Floating corpses

The recent discovery of about 22 male corpses floating in Ezu River at Amansea, a border area between Enugu and Anambra States, is a serious matter that calls for hard questions for our security agencies. Who killed these men and how did they get into the river? These are critical questions our security agencies must answer.

It is strange and very embarrassing for corpses to simply turn up in a river without any explanations on the strange development. More worrisome, still, is that there have been no recent reports of boat mishaps, communal clashes, or mass drowning of persons from that part of the country. This sordid scenario is a challenge, which the police and all security agencies in the country must work hard to unravel.

Expectedly, the Anambra State government has taken the lead in the effort to unravel the circumstances surrounding this bewildering development. Governor Peter Obi has, on behalf of Anambra and Enugu State governments, offered five million naira reward for information on the secret of the floating corpses. Anambra State has also begun provision of water for the communities that rely on River Ezu for water supply, even as efforts are reportedly on to provide them with boreholes.

We commend the prompt response of Anambra State authorities to this mysterious development. Governor Obi, by promptly returning from his trip abroad to take charge of the situation at Amansea, aptly demonstrated that the welfare of the people is important to his administration. Autopsy is said to have commenced on only three of the recovered corpses, since the rest were reportedly decomposed when they were recovered from the river.
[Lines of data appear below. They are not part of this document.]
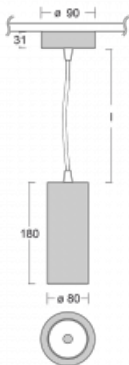

Svítidlo

Vali80

179-500W-10GGD/940, W

Když spojíme design s funkcí, získáme osvětlení rodiny Vali80. Válcové svítidlo nabízíme v závěsné, přisazené a polovestavné variantě. Navštívit s ním můžete domácnosti, obchodní a společenské prostory nebo bary. Vybírat můžete ze tří základních barev – bílé, černé a stříbrné nebo barev z Halla RAL vzorníku.

Technický výkres

Typ montáže	Závěsné
Typ vyzařování	Přímé
Tvar svítidla	Kruhové
Barva svítidla	Bílá
Materiál	Hliník
Životnost	L90/B50 60 000 hodin
Záruka	5 let
Popis svítidla	Svítidlo závěsné
Rozměry	ø 80 mm × 180 mm
Hmotnost	1 kg
Světelný zdroj	LED MODUL

Druh optiky	Reflektor
Světelný tok*	1970 lm
Teplota chromatičnosti	4000 K studená bílá
Měrný výkon	97 lm/W
MacAdam zdroje	3
Index podání barev	90
Vyzařovací úhel	52°

Příkon svítidla*	20.4 W
Zapojení svítidla	DALI
Elektrické napětí	220-240V
Frekvence	50/60Hz

We call for serious investigation to unravel the circumstances surrounding the appearance of these corpses in River Ezu.

It is absolutely necessary that the police and other security agencies come up with credible explanations on how the bodies got into the river. Failure to do this will question the capacity of the security agencies to do their job, and the value placed on human life in the country. Already, the appearance of these corpses in the river tells negative stories about who we are as a people.
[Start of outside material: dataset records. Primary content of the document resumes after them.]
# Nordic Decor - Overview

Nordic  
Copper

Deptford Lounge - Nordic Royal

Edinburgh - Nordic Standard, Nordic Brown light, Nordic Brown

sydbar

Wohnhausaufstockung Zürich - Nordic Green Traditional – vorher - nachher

The entire appalling scenario smacks of lax security. It suggests that it is possible for scores of people to be killed, transported to the river and dumped there, without anybody intercepting the perpetrators of the dastardly act on the way. This speaks volumes about security in the country. For now, the nation has been informed that the corpses have no bullet wounds or machete cuts. It is important that efforts are expedited to determine the cause of their deaths, and the investigation should not be left to the police and its medical team alone. It is necessary to involve other security agencies.

This is one case that brings to the fore the need for a comprehensive database of Nigerian citizens. If the nation had a database of biometric records, including fingerprints and Deoxyribonucleic Acid (DNA) of all citizens, it would be easy to identify some of the corpses through their fingerprints or DNA in the National Database.

Under the present circumstances, however, it is necessary to check records of police detainees, prison inmates and mortuaries to ensure that no persons or corpses “disappeared” in these places. This is necessary because the police in Nigeria have a record of extra-judicial killings. The police hierarchy will do well to conduct an audit of police detainees to ensure that none are missing. Our security agencies should learn from the case of the headless Nigerian boy that was found floating in River Thames, in London, United Kingdom, some years ago.

The British Police spared no effort to identify the boy, locate his origin in Nigeria, apprehend and punish the people responsible for his murder. We demand the same commitment to the effort to unravel the Ezu mystery by our security agencies. It is unacceptable for corpses to simply appear in a river without plausible explanations by the appropriate authorities.